[Records contained in a dataset]:
Content starts
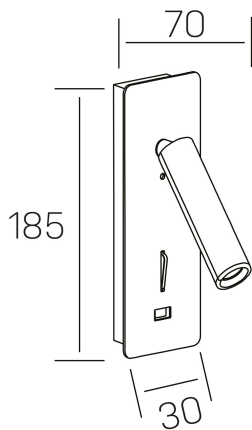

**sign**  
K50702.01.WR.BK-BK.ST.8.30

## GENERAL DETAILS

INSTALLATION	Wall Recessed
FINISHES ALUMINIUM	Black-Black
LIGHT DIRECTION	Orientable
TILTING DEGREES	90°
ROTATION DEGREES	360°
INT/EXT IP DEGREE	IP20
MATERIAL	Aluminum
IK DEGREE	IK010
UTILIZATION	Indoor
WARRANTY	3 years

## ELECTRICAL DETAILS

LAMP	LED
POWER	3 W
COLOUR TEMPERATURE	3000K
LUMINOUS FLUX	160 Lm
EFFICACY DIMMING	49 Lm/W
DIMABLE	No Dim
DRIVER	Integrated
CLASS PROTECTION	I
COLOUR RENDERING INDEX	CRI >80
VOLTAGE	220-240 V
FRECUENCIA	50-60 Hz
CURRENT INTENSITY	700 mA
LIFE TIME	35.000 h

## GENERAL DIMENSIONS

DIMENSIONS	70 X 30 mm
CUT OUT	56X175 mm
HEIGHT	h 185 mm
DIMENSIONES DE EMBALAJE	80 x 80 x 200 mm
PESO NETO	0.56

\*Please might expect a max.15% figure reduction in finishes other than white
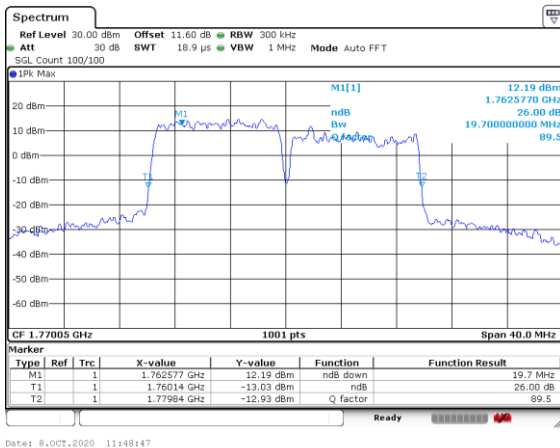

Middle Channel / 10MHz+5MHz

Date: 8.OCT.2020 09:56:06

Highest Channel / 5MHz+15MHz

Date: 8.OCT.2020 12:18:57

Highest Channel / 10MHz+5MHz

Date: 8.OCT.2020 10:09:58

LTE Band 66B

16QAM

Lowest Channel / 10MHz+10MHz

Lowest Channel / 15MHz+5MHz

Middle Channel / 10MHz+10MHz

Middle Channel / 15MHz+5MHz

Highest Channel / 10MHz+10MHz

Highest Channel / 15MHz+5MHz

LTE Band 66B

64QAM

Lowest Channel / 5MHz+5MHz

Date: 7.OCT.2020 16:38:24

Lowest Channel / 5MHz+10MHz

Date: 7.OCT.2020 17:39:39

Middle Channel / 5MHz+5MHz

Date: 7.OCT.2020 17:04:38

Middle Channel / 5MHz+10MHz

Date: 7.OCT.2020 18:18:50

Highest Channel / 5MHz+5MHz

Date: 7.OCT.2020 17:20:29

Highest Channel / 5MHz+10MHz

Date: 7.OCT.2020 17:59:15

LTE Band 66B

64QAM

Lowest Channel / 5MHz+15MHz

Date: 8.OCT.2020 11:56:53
Content ends
[WHAT IS REQUIRED]: Within the entries, find all lines holding "GENERAL" and copy each one.

[TASK RESULT]:
## GENERAL DETAILS
## GENERAL DIMENSIONS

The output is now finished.